What is faster: double or float? For a long time, I’ve been simply using floats - I thought they’re faster and smaller than doubles… it is also an obvious choice in graphics programming.

But what about doubles? Are they that bad?
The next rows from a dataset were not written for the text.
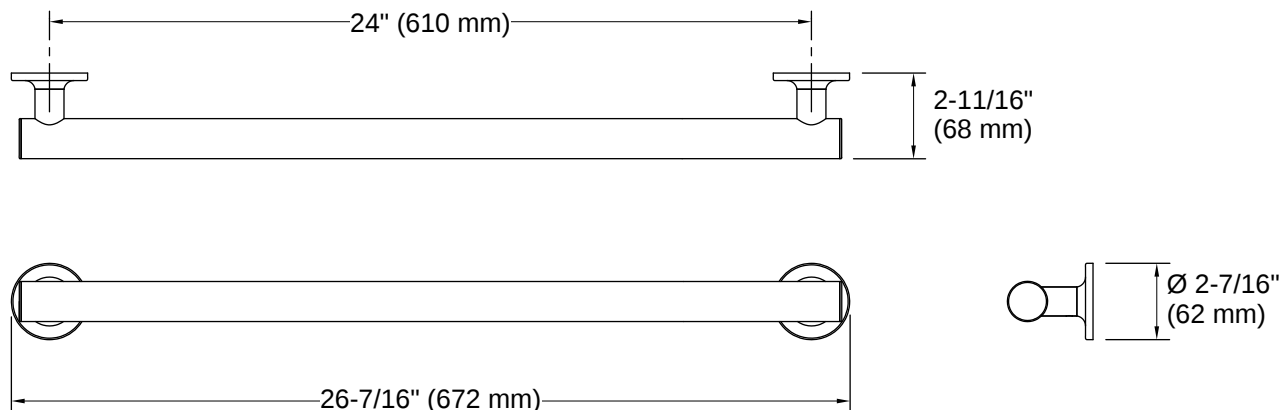

Installation

- Installation template and tools included

Installation Notes

Install this product according to the installation instructions.

Measure your actual product for roughing-in details.

WARNING: Risk of personal injury. The wall plates on the grab bar must be mounted to a brace between the wall studs. This will ensure that the weight of the user is adequately supported.

ADA compliant when installed to the specific requirements of these regulations.

It seems that the answers is not that obvious!

## The Tests

Here’s my test scenario:

• Allocate `ARR\SIZE` numbers
• Initialize elements with a simple pattern
• Compute some value, use different arithmetic operations
`````` // test float:
float *floatArray = (float *)malloc(ARR\SIZE * sizeof(float));
START_TIME();
for (int i = 0; i < ARR_SIZE; ++i)
{
floatArray[i] = (float)(i*i)/100.0f;
}

for (int i = 0; i < ARR_SIZE; ++i)
{
float temp = 0.0f;
for (int j = 0; j < NUM_ITER; ++j)
{
temp += floatArray[j]*2.0f;
}
temp = sqrtf(temp);
floatArray[i] = temp;
}
END_TIME();

free(floatArray);
``````

And the double code:

``````// test double:
double *doubleArray = (double *)malloc(ARR_SIZE * sizeof(double));
START_TIME();
for (int i = 0; i < ARR_SIZE; ++i)
{
doubleArray[i] = (double)(i*i)/100.0;
}

for (int i = 0; i < ARR_SIZE; ++i)
{
double temp = 0.0;
for (int j = 0; j < NUM_ITER; ++j)
{
temp += doubleArray[j]*2.0;
}
temp = sqrt(temp);
doubleArray[i] = temp;
}

END_TIME();

free(doubleArray);
``````

## The Results

``````Core 2 Duo T7300 @2.0Ghz
Visual Studio 2008, Release, /Ox, /fp:precise

processing float: 308 msec
processing double: 92 msec

Release, /Ox, /fp:precise, /arch:SSE2

processing float: 307 msec
processing double: 96 msec

Release, /Ox, /fp:fast, /arch:SSE2

processing float: 111 msec
processing double: 93 msec
``````

Wow… what a huge difference between standard version and SSE2! And moreover it seems that double type is sometimes even triple times faster that single precision! Worth considering… and worth more and proper testing!

## The Reason

the main problem: conversions

Below there is asm code generated by VS (Release, /Ox, /fp:precise, /arch:SSE2):

``````// for float
; 35 : for (int j = 0; j < NUM_ITER; ++j)
; 36 : { ; 37 : temp += floatArray[j]*2.0f;
movss xmm3,
DWORD PTR [eax-8] **cvtps2pd** xmm3,
xmm3 cvtss2sd xmm1,
xmm1 mulsd xmm3,
xmm1 xorps xmm1,
xmm1 cvtpd2ps xmm1,
xmm3 movss xmm3,
DWORD PTR [eax-4] ...
``````

And for `double`:

``````// for double
; 59 : for (int j = 0; j < NUM_ITER; ++j)
; 60 : { ; 61 : temp += doubleArray[j]*2.0;
movsd xmm3,
QWORD PTR [eax-16] mulsd xmm3,
Listing for floats is longer because of `cvtps2pd` and `cvtss2sd` instructions that converts single floating point value into double precision floating point value… and the reverse way.